* [Work instruction]
Pull every line with the word "door" out of the entries below.

* [Extracted entries]
+++

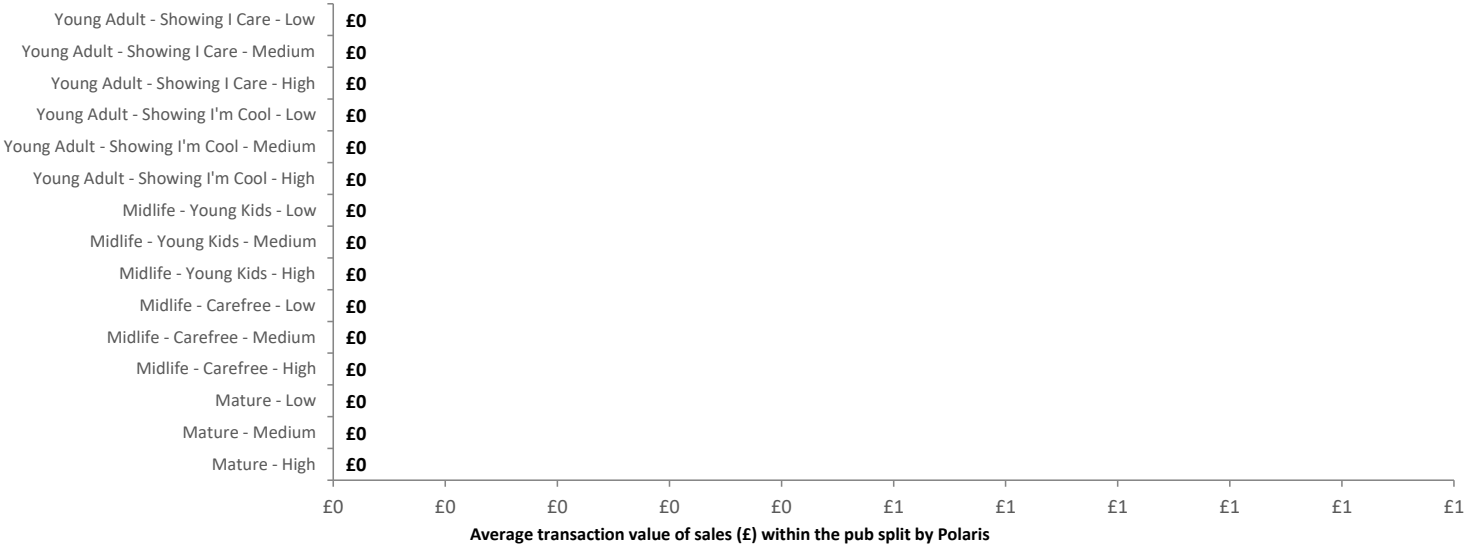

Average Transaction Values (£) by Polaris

+++

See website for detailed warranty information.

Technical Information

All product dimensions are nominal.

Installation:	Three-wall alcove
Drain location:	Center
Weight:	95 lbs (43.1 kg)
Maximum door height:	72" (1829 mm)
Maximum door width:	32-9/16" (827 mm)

+++

* [Exercise response]
Maximum door height:	72" (1829 mm)
Maximum door width:	32-9/16" (827 mm)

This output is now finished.